* WORK TO COMPLETE
All the data should be repeated exactly. Any image in it is left out.

(Dataset items)
# # #
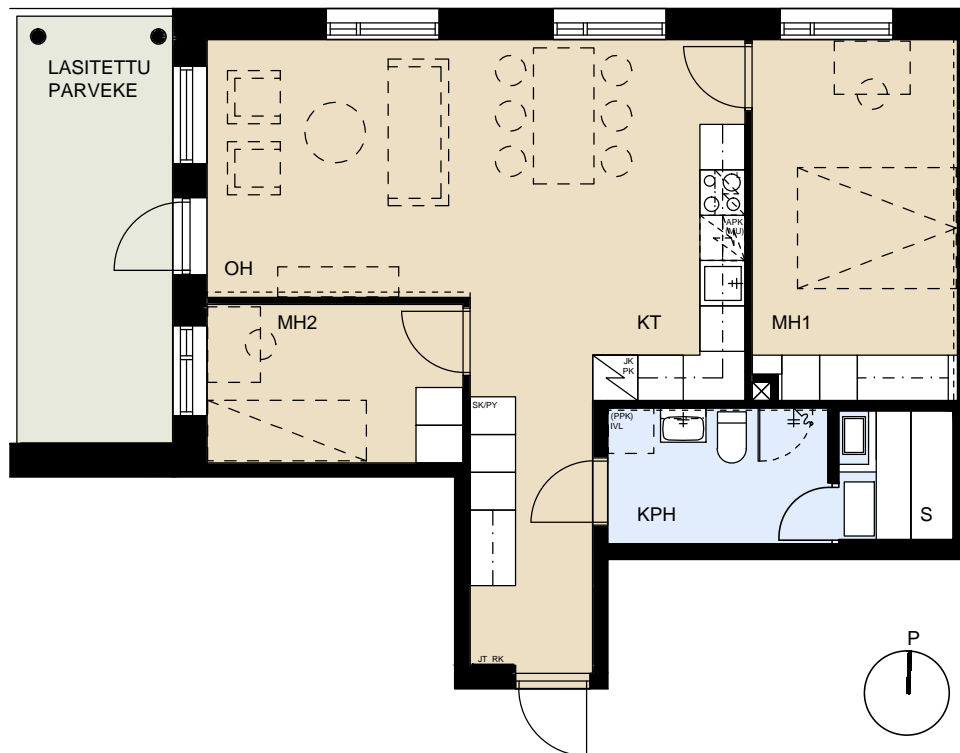

## ASUNTO OY OULUN SATAKIELI

Lintulammentie 15 C, 90150 Oulu

3H+KT+S

64,5 m<sup>2</sup>

C12	2. krs
C19	3. krs
C26	4. krs
C33	5. krs
C40	6. krs
C47	7. krs
C53	8. krs

### LYHENTEET:

APK	Astianpesukone
JK/PK	Jää-/Pakastinkaappi
L	Liesi
(MU)	Tilavaraus mikroaaltouunille
IVL	Iltanvaihtolaite
JT	Lattialämmityksen jakotukki
RK	Ryhmäkeskus (Sähkökaappi)
SK	Siivouskomero
PY	Pyykkikaappi
(PPK)	Tilavaraus ppykinpesukoneelle
OH	Olohuone
MH	Makuuhuone
KT	Keittotila
ET	Eteinen
KPH	Kylpyhuone
S	Sauna
-----	Tehostevärisinä

Mittakaava 1:100

Muutokset mahdollisia.

31.08.2020
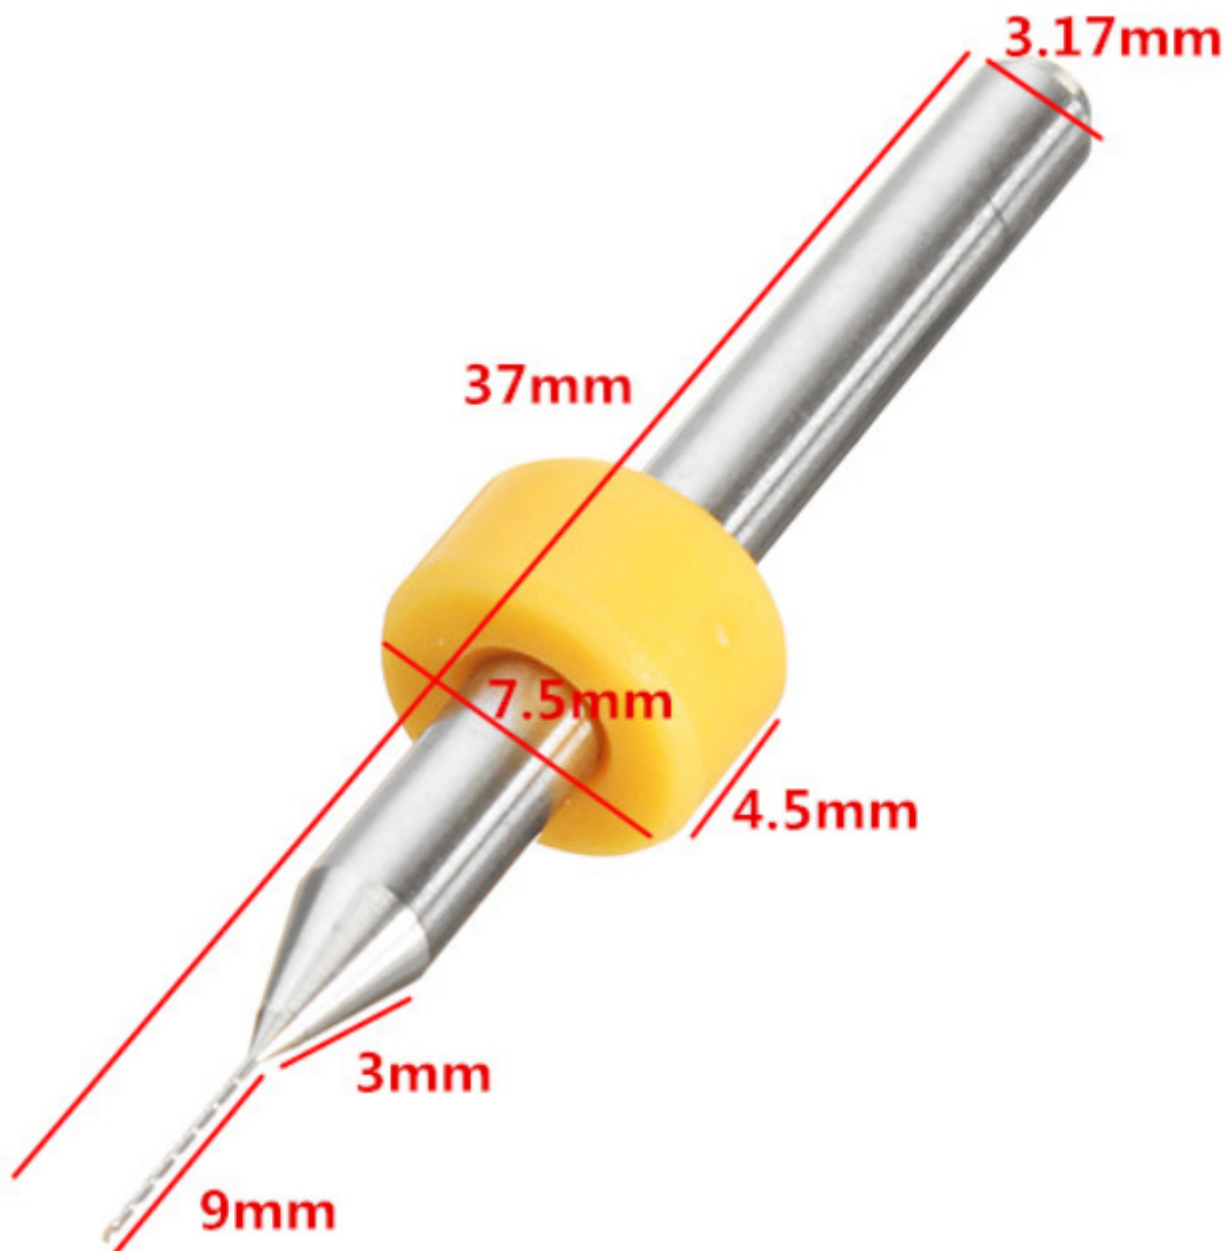

Drillpro 0,4mm Wiertło wolframowe

Cena :

4,50 PLN

Producent : **Drillpro**

Dostępność : **Jest**

Stan magazynowy : **bardzo wysoki**

Średnia ocena : **brak recenzji**

Drillpro 0,4mm Wiertło wolframowe

Wiertło wykonane z węgliku wolframu (stal wolframowa) o wysokiej twardości, wysokiej odporności na zużycie, nietatwo się zgina i łamie. Doskonale do bardzo precyzyjnych prac modelarskich.

Zalecane do mini-wiertarek elektrycznych
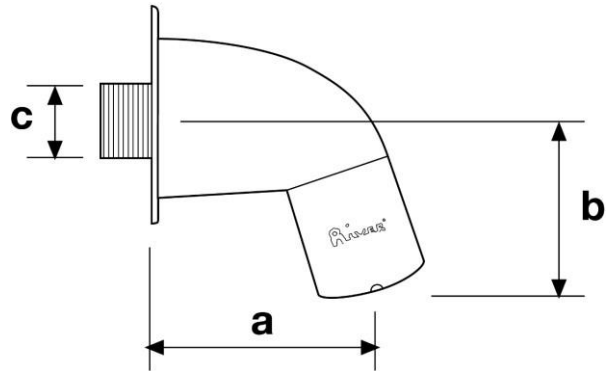

R 790 - Pomme de douche anti-vandalisme

Code	Mm a	Mm b	Mm c	Spécifications
R 790	65	55	1/2"	<p>Pomme de douche anti-vandalisme et anticalcaire en laiton moulé poli et chromé.</p> <ul style="list-style-type: none"> -Un jet d'eau qui sort d'un seul trou poussé par une turbine hostaform -Un réducteur de débit de 9 litres/minute de 0,5 à 9 bar <p>Vandal-proof and anti-limestone shower head in polished and chromed fused brass.</p> <ul style="list-style-type: none"> -A jet of water that comes out of a single hole pushed by a hostaform turbine -Flow rate reducer of 9 liters/ minute from 0.5 to 9 bar
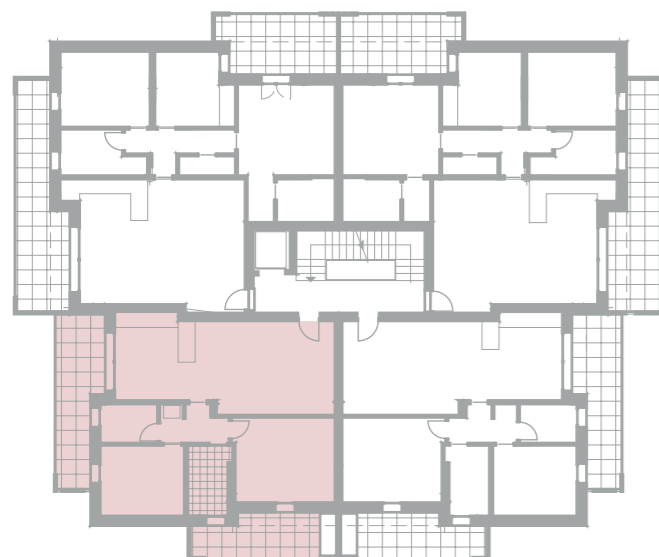

RESIDENZA TORRE 130

PADOVA - TORRE- VIA TORRE

scapincase®
benvenuti a casa vostra

APPARTAMENTO N.2 - PIANO PRIMO

1 - Ingresso-soggiorno	34,10 mq
2 - Disimpegno	3,45 mq
3 - Bagno	4,95 mq
4 - Bagno	3,75 mq
5 - Camera	14,50 mq
6 - Camera	10,00 mq
7 - Terrazzo	10,60 mq
8 - Terrazzo	12,35 mq

Garage + posto auto

SUP. COMMERCIALE 137,25 mq
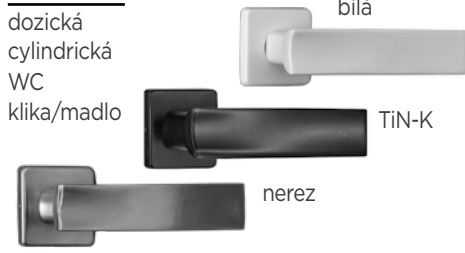

SKRYTÉ ZÁRUBNĚ z hliníkového profilu

PRO BEZFALCOVÉ DVEŘE

Zárubeň určená pro osazení přímo do zděné nebo sádkartonové příčky (nutno specifikovat). V kompletu s bezfalcovými dveřmi, skrytými panty a magnetickým zámkem, jsou dveře v jedné rovině se stěnou a otvírají se k sobě z pohledové strany.

PRO REVERZNÍ DVEŘE

Zárubeň určená pro osazení přímo do zděné nebo sádkartonové příčky (nutno specifikovat). V kompletu s reverzními dveřmi, skrytými panty a magnetickým zámkem, jsou dveře v jedné rovině se stěnou a otvírají se od sebe z pohledové strany.

KOVÁNÍ

KLIKY DOORNITE

BÁRA

dozická
cylindrická
WC
klika/madlo

OMEGA easy lock černá/ SNI
integrováný WC zámek
bez spodní rozety

LENKA easy lock černá/nerez
integrováný WC zámek
bez spodní rozety

MARTA, LENKA, BEÁTA, AGÁTA
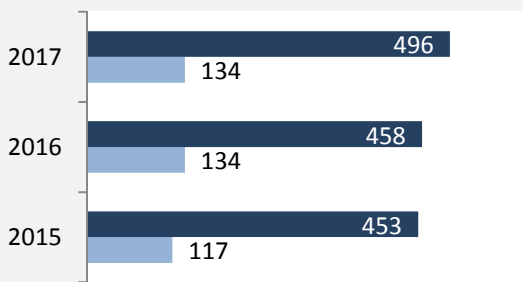

Grafik: Regionalverband Heilbronn-Franken 2016

5-Jahres-Wertung (2012 bis 2017):

Beschäftigungsgewinne / -verluste pro 1.000 Beschäftigte

Grafik: Regionalverband Heilbronn-Franken 2018
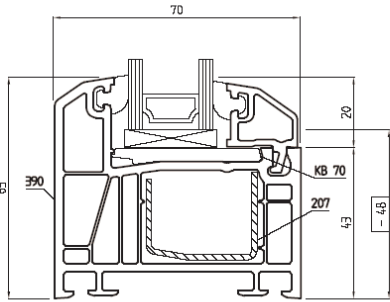

- 5 kamrás műanyag profil, 70 mm beépítési mélységgel,
- a profilösszetétel gondos tervezés eredménye, nem hiába tartják a szakemberek saját kategóriájában a legjobbnak,
- 70 mm-es profil kategóriájában kimagasló hang-, és hőszigetelő értékekkel,
- az egyszerű, letisztult vonalak és a profilhoz illő szögletes üvegezőléc klasszikus megjelenést kölcsönöz az ablaknak,
- tökéletesen sima és fényes felület, valamint – más profilokhoz képest – kivételes fehérség jellemzi,
- kizárólag Németországban extrudált profilok – garancia a méltán híres KBE minőségre,
- az újgenerációs tömitések rendkívül ellenállók az UV sugárzással és a nagy hőingadozásokkal szemben,
- bevizsgált, minősítéssel rendelkező nyílászárók; standard üvegezés esetén $U_w=1,2 \text{ W/m}^2\text{K}$ hőszigetelési érték

- 5 kamrás műanyag profil, 70 mm beépítési mélységgel,
- az ötkamrás rendszer optimális hang-, és hőszigetelést biztosít,
- a profilösszetétel gondos tervezés eredménye, nem hiába tartják a szakemberek saját kategóriájában a legjobbnak,
- a lekerekített forma és a profilhoz illő lekerekített üvegezőléc elegáns megjelenést kölcsönöz az ablaknak,
- tökéletesen sima és fényes felület, valamint – más profilokhoz képest – kivételes fehérség jellemzi,
- kizárólag Németországban extrudált profilok – garancia a méltán híres KBE minőségre,
- az újgenerációs tömitések rendkívül ellenállóak az UV sugárzással és a nagy hőingadozásokkal szemben.
- bevizsgált, minősítéssel rendelkező nyílászárók; standard üvegezés esetén $U_w=1,2 \text{ W/m}^2\text{K}$ hőszigetelési érték
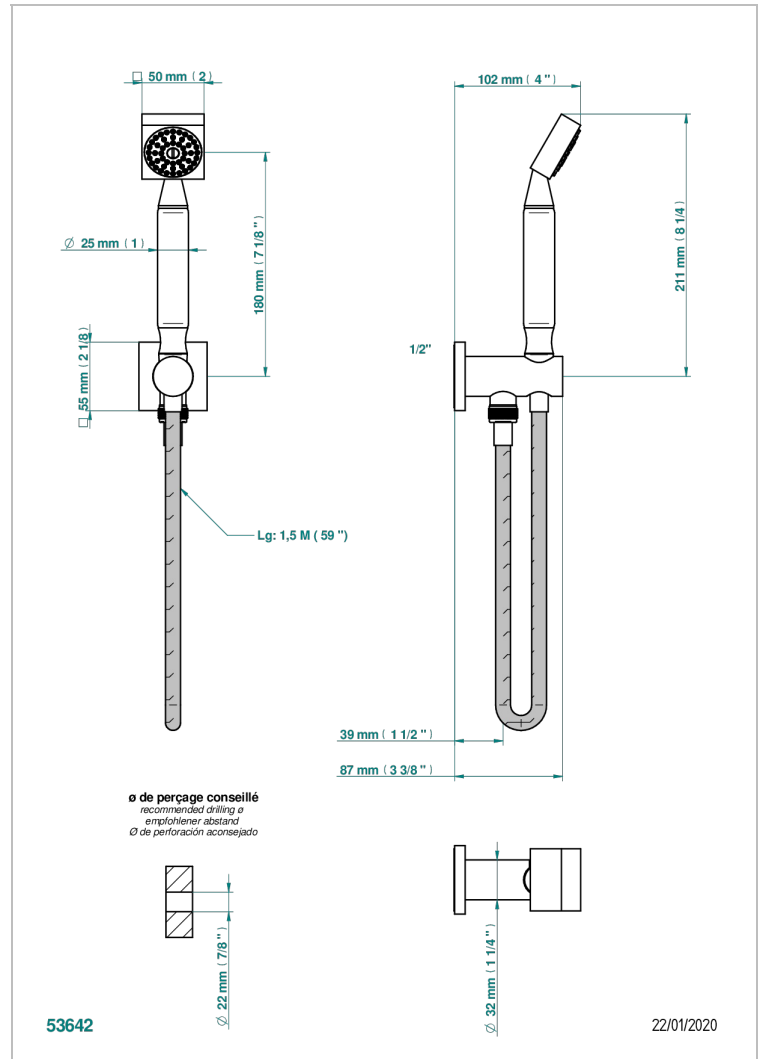

# MASQUE DE FEMME SOLAIRE

A2S-54/US

THG<sup>®</sup>  
PARIS

Sortie murale avec support douchette M 1/2 , flexible 1m50 et douchette de style - standard américain

## CARACTÉRISTIQUES

- Support douchette avec sortie intégrée
- Flexible métallique double agrafage 1,5 m
- Douchette en laiton avec tapis Easyclean, réducteur de débit et clapet anti-retour
- Raccordement aux standards US

## SPÉCIFICATIONS TECHNIQUES

- Recommandé : 3 bars (max. 5 bars) - Advised : 43,5 psi (max. 72 psi)
- 9,5 l/min à 3 bars (2.5 gpm at 43.5 psi)
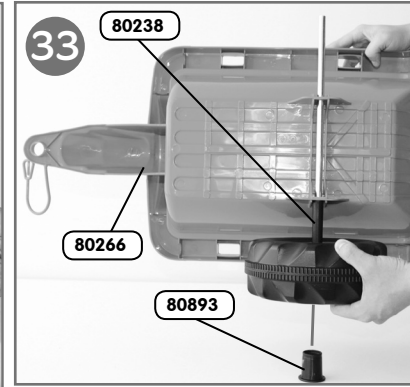

2508 - 8046 - Tractor Pedal Operated with Trailer

 40030 - x 1	 60141 - x 6	 80238 - x 2	 81189 - x 4	 81190 - x 2	 81185 - x 1	 81188 - A - x 1	 81191 - x 1	 40048 - x 1	 40047 - x 1
 80895 - x 1	 80893 - x 2	 60053 - x 1	 80723 - x 10	 80254 - x 1	 81186 - x 6	 81188 - B - x 1	 81188 - C - x 2	 80266 - x 1	
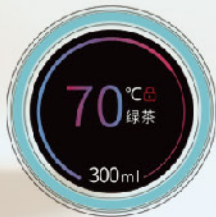

轻松应对个性化
饮水场景需求

和千滚水、无
氧水说再见
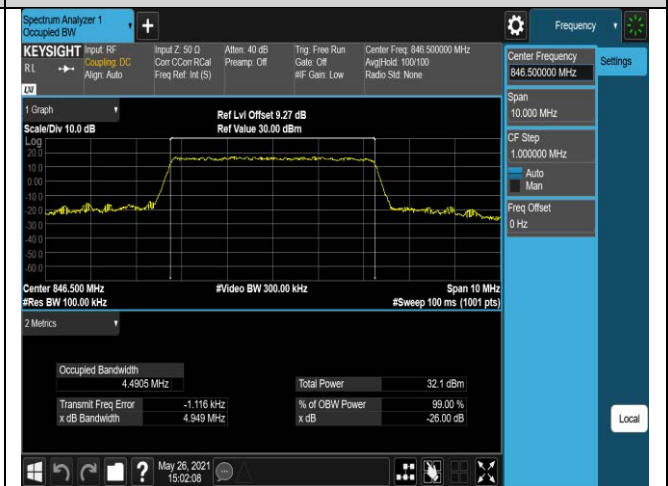

Band5-5MHz-16QAM-20625-25RB#0

Band5-10MHz-QPSK-20525-50RB#0
# # #
* ANSWER BELOW
## ASUNTO OY OULUN SATAKIELI

Lintulammentie 15 C, 90150 Oulu

3H+KT+S

64,5 m<sup>2</sup>

C12	2. krs
C19	3. krs
C26	4. krs
C33	5. krs
C40	6. krs
C47	7. krs
C53	8. krs

### LYHENTEET:

APK	Astianpesukone
JK/PK	Jää-/Pakastinkaappi
L	Liesi
(MU)	Tilavaraus mikroaaltouunille
IVL	Iltanvaihtolaite
JT	Lattialämmityksen jakotukki
RK	Ryhmäkeskus (Sähkökaappi)
SK	Siivouskomero
PY	Pyykkikaappi
(PPK)	Tilavaraus ppykinpesukoneelle
OH	Olohuone
MH	Makuuhuone
KT	Keittotila
ET	Eteinen
KPH	Kylpyhuone
S	Sauna
-----	Tehostevärisinä

Mittakaava 1:100

Muutokset mahdollisia.

31.08.2020

Drillpro 0,4mm Wiertło wolframowe

Cena :

4,50 PLN

Producent : **Drillpro**

Dostępność : **Jest**

Stan magazynowy : **bardzo wysoki**

Średnia ocena : **brak recenzji**

Drillpro 0,4mm Wiertło wolframowe

Wiertło wykonane z węgliku wolframu (stal wolframowa) o wysokiej twardości, wysokiej odporności na zużycie, nietatwo się zgina i łamie. Doskonale do bardzo precyzyjnych prac modelarskich.

Zalecane do mini-wiertarek elektrycznych

R 790 - Pomme de douche anti-vandalisme

Code	Mm a	Mm b	Mm c	Spécifications
R 790	65	55	1/2"	<p>Pomme de douche anti-vandalisme et anticalcaire en laiton moulé poli et chromé.</p> <ul style="list-style-type: none"> -Un jet d'eau qui sort d'un seul trou poussé par une turbine hostaform -Un réducteur de débit de 9 litres/minute de 0,5 à 9 bar <p>Vandal-proof and anti-limestone shower head in polished and chromed fused brass.</p> <ul style="list-style-type: none"> -A jet of water that comes out of a single hole pushed by a hostaform turbine -Flow rate reducer of 9 liters/ minute from 0.5 to 9 bar

RESIDENZA TORRE 130

PADOVA - TORRE- VIA TORRE

scapincase®
benvenuti a casa vostra

APPARTAMENTO N.2 - PIANO PRIMO

1 - Ingresso-soggiorno	34,10 mq
2 - Disimpegno	3,45 mq
3 - Bagno	4,95 mq
4 - Bagno	3,75 mq
5 - Camera	14,50 mq
6 - Camera	10,00 mq
7 - Terrazzo	10,60 mq
8 - Terrazzo	12,35 mq

Garage + posto auto

SUP. COMMERCIALE 137,25 mq

SKRYTÉ ZÁRUBNĚ z hliníkového profilu

PRO BEZFALCOVÉ DVEŘE

Zárubeň určená pro osazení přímo do zděné nebo sádkartonové příčky (nutno specifikovat). V kompletu s bezfalcovými dveřmi, skrytými panty a magnetickým zámkem, jsou dveře v jedné rovině se stěnou a otvírají se k sobě z pohledové strany.

PRO REVERZNÍ DVEŘE

Zárubeň určená pro osazení přímo do zděné nebo sádkartonové příčky (nutno specifikovat). V kompletu s reverzními dveřmi, skrytými panty a magnetickým zámkem, jsou dveře v jedné rovině se stěnou a otvírají se od sebe z pohledové strany.

KOVÁNÍ

KLIKY DOORNITE

BÁRA

dozická
cylindrická
WC
klika/madlo

OMEGA easy lock černá/ SNI
integrováný WC zámek
bez spodní rozety

LENKA easy lock černá/nerez
integrováný WC zámek
bez spodní rozety

MARTA, LENKA, BEÁTA, AGÁTA

Grafik: Regionalverband Heilbronn-Franken 2016

5-Jahres-Wertung (2012 bis 2017):

Beschäftigungsgewinne / -verluste pro 1.000 Beschäftigte

Grafik: Regionalverband Heilbronn-Franken 2018

- 5 kamrás műanyag profil, 70 mm beépítési mélységgel,
- a profilösszetétel gondos tervezés eredménye, nem hiába tartják a szakemberek saját kategóriájában a legjobbnak,
- 70 mm-es profil kategóriájában kimagasló hang-, és hőszigetelő értékekkel,
- az egyszerű, letisztult vonalak és a profilhoz illő szögletes üvegezőléc klasszikus megjelenést kölcsönöz az ablaknak,
- tökéletesen sima és fényes felület, valamint – más profilokhoz képest – kivételes fehérség jellemzi,
- kizárólag Németországban extrudált profilok – garancia a méltán híres KBE minőségre,
- az újgenerációs tömitések rendkívül ellenállók az UV sugárzással és a nagy hőingadozásokkal szemben,
- bevizsgált, minősítéssel rendelkező nyílászárók; standard üvegezés esetén $U_w=1,2 \text{ W/m}^2\text{K}$ hőszigetelési érték

- 5 kamrás műanyag profil, 70 mm beépítési mélységgel,
- az ötkamrás rendszer optimális hang-, és hőszigetelést biztosít,
- a profilösszetétel gondos tervezés eredménye, nem hiába tartják a szakemberek saját kategóriájában a legjobbnak,
- a lekerekített forma és a profilhoz illő lekerekített üvegezőléc elegáns megjelenést kölcsönöz az ablaknak,
- tökéletesen sima és fényes felület, valamint – más profilokhoz képest – kivételes fehérség jellemzi,
- kizárólag Németországban extrudált profilok – garancia a méltán híres KBE minőségre,
- az újgenerációs tömitések rendkívül ellenállóak az UV sugárzással és a nagy hőingadozásokkal szemben.
- bevizsgált, minősítéssel rendelkező nyílászárók; standard üvegezés esetén $U_w=1,2 \text{ W/m}^2\text{K}$ hőszigetelési érték

# MASQUE DE FEMME SOLAIRE

A2S-54/US

THG<sup>®</sup>  
PARIS

Sortie murale avec support douchette M 1/2 , flexible 1m50 et douchette de style - standard américain

## CARACTÉRISTIQUES

- Support douchette avec sortie intégrée
- Flexible métallique double agrafage 1,5 m
- Douchette en laiton avec tapis Easyclean, réducteur de débit et clapet anti-retour
- Raccordement aux standards US

## SPÉCIFICATIONS TECHNIQUES

- Recommandé : 3 bars (max. 5 bars) - Advised : 43,5 psi (max. 72 psi)
- 9,5 l/min à 3 bars (2.5 gpm at 43.5 psi)

2508 - 8046 - Tractor Pedal Operated with Trailer

 40030 - x 1	 60141 - x 6	 80238 - x 2	 81189 - x 4	 81190 - x 2	 81185 - x 1	 81188 - A - x 1	 81191 - x 1	 40048 - x 1	 40047 - x 1
 80895 - x 1	 80893 - x 2	 60053 - x 1	 80723 - x 10	 80254 - x 1	 81186 - x 6	 81188 - B - x 1	 81188 - C - x 2	 80266 - x 1	

轻松应对个性化
饮水场景需求

和千滚水、无
氧水说再见

Band5-5MHz-16QAM-20625-25RB#0

Band5-10MHz-QPSK-20525-50RB#0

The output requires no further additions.